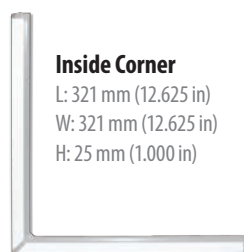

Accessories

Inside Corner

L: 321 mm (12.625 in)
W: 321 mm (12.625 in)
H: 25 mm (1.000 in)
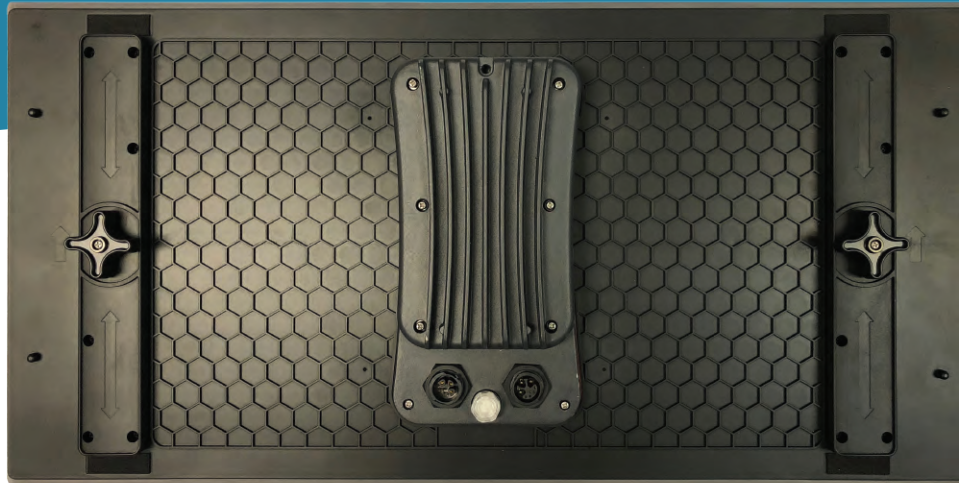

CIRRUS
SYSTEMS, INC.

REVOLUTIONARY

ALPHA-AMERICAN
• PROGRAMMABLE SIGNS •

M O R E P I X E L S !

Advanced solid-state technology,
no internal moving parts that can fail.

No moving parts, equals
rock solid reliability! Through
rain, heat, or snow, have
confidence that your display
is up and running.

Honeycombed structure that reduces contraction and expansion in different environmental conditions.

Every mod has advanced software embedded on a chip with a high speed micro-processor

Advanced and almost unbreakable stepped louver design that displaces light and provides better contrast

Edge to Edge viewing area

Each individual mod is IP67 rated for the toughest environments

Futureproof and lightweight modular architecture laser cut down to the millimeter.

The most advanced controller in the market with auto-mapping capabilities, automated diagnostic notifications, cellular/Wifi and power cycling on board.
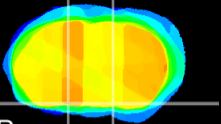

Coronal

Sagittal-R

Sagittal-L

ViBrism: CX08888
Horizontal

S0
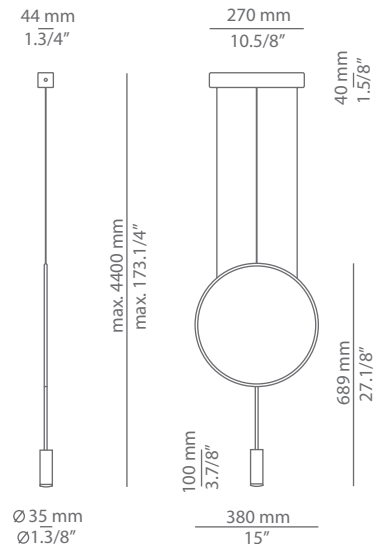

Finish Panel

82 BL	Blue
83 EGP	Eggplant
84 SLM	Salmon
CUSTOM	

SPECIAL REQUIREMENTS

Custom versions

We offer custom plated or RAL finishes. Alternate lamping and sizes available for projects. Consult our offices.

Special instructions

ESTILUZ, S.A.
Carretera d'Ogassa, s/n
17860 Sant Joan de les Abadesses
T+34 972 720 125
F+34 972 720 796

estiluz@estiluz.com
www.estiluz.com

**Work instructions:**
Your reply should consist of one number: how many lines of the material above include the word "that".

**Answer to this task:**
4